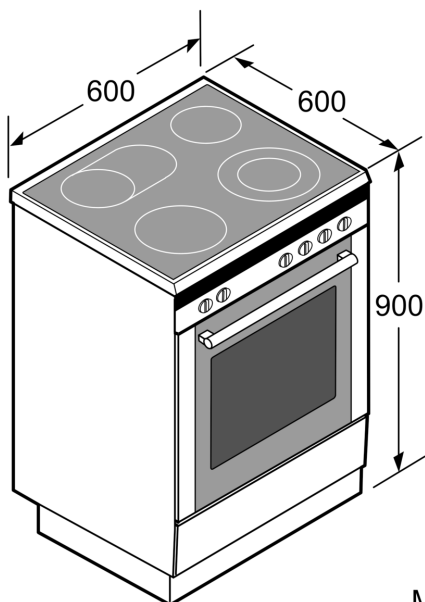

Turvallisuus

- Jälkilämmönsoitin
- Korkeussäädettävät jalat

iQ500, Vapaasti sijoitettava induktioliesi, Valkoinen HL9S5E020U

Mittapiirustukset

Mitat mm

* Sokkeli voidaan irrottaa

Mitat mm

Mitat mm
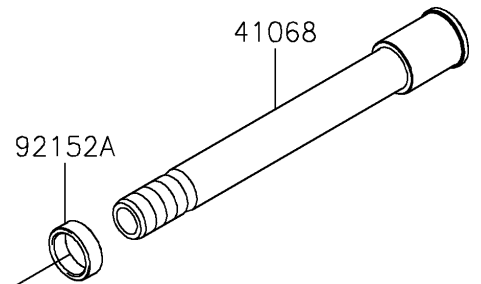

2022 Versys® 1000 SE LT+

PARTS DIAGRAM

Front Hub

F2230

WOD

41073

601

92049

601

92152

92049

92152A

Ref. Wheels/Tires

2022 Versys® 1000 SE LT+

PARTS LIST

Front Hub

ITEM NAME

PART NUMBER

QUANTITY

...

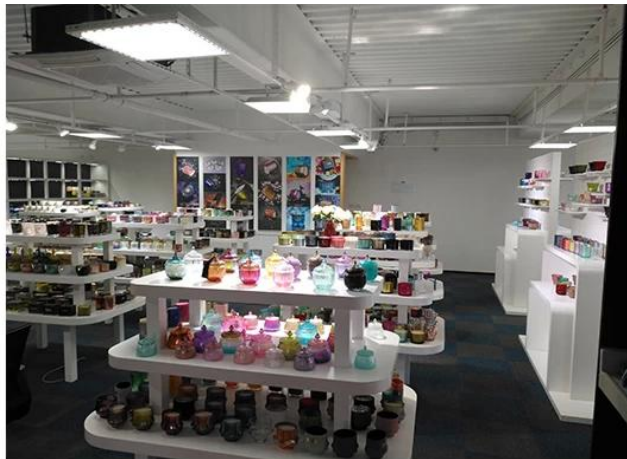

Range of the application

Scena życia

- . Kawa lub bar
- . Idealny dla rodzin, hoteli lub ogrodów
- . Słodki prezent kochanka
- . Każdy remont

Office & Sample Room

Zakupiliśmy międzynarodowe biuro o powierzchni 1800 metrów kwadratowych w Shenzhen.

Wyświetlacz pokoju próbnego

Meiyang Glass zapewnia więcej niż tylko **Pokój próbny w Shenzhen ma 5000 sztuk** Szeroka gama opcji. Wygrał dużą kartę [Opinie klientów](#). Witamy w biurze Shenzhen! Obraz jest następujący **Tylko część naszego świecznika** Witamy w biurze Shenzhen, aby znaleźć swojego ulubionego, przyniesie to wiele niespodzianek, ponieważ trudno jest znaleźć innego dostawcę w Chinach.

* Task to carry out *
Please, from the entries above, set down exactly the lines from the one containing "- . Kawa lub bar" through the one containing "Meiyang Glass zapewnia", and only those.

* Response box *
- . Kawa lub bar
- . Idealny dla rodzin, hoteli lub ogrodów
- . Słodki prezent kochanka
- . Każdy remont

Office & Sample Room

Zakupiliśmy międzynarodowe biuro o powierzchni 1800 metrów kwadratowych w Shenzhen.

Wyświetlacz pokoju próbnego

Meiyang Glass zapewnia więcej niż tylko **Pokój próbny w Shenzhen ma 5000 sztuk** Szeroka gama opcji. Wygrał dużą kartę [Opinie klientów](#). Witamy w biurze Shenzhen! Obraz jest następujący **Tylko część naszego świecznika** Witamy w biurze Shenzhen, aby znaleźć swojego ulubionego, przyniesie to wiele niespodzianek, ponieważ trudno jest znaleźć innego dostawcę w Chinach.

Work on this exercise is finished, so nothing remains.